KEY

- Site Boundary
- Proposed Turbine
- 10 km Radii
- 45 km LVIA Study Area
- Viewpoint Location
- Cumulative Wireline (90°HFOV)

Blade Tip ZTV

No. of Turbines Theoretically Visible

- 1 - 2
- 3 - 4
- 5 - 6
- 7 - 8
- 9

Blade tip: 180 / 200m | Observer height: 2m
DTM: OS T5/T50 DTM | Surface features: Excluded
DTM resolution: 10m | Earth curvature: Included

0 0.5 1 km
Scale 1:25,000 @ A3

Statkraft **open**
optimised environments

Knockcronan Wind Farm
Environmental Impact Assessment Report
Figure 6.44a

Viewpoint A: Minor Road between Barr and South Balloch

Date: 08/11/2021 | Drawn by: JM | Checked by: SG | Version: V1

———

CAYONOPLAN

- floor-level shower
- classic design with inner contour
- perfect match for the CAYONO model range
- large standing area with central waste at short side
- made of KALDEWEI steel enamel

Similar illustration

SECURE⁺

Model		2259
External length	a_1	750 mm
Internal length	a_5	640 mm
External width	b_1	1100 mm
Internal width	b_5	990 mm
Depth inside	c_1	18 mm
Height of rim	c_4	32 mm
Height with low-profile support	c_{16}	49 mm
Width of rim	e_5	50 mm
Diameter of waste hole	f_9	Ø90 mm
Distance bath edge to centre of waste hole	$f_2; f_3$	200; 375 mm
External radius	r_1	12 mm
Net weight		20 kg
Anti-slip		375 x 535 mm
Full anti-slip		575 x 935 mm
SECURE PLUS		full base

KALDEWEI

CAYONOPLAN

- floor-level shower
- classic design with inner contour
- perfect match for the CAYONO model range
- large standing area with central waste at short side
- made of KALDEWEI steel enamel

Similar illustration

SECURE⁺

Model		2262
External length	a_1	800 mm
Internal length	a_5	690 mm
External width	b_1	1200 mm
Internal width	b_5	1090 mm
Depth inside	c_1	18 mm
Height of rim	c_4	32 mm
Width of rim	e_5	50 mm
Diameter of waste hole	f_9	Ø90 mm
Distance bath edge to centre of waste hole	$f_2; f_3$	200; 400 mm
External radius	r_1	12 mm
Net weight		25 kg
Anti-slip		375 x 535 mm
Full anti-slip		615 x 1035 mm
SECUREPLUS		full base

———

- [TASK TO COMPLETE]: From the listing above, the lines starting with the one that has "optimised environments" and running through the one that has "Date: 08/11/2021 |" should be copied exactly, ends included.

- [RESULT]:
optimised environments

Knockcronan Wind Farm
Environmental Impact Assessment Report
Figure 6.44a

Viewpoint A: Minor Road between Barr and South Balloch

Date: 08/11/2021 | Drawn by: JM | Checked by: SG | Version: V1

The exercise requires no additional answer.